**** Data records ****

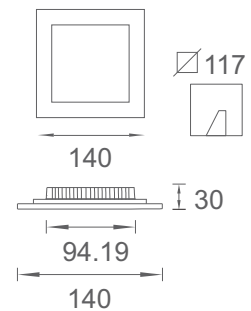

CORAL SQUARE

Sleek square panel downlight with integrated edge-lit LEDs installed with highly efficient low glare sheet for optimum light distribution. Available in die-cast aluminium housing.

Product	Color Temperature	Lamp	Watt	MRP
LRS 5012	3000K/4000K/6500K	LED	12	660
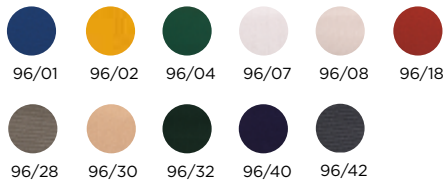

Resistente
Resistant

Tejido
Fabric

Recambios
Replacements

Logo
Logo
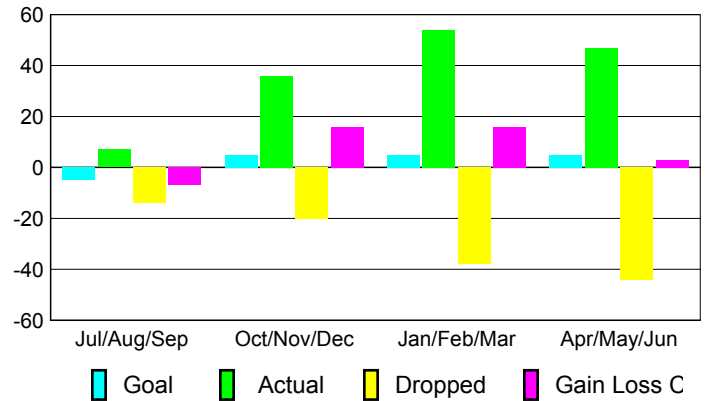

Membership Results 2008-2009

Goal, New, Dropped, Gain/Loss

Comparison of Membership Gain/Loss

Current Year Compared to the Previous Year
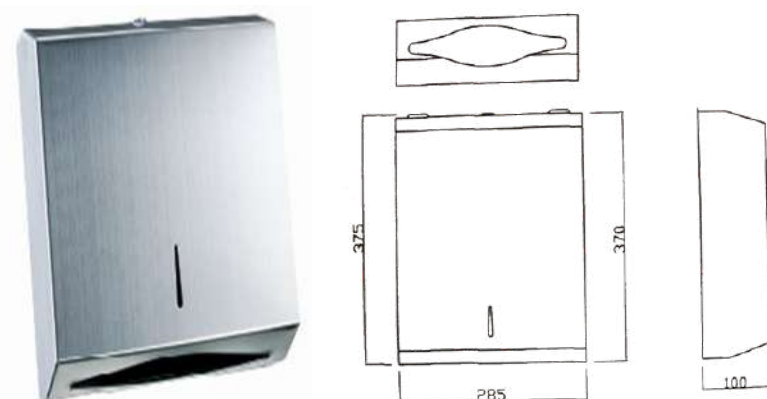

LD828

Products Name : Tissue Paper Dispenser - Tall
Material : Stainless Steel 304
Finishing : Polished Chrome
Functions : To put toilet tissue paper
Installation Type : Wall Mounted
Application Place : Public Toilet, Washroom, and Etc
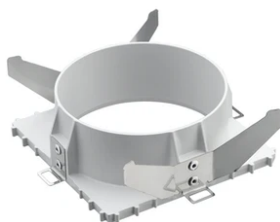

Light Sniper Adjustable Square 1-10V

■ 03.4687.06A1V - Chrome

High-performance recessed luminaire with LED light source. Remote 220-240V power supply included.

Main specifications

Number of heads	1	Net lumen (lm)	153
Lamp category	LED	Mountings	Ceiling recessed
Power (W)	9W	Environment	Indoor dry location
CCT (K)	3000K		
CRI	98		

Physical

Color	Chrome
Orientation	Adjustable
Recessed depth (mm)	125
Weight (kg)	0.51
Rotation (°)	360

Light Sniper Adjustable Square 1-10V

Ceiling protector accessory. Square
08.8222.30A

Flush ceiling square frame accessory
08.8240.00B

****

▸ Exercise
A single figure is required: the number of lines in the entries above that include the word "Color".

▸ Response to the task
2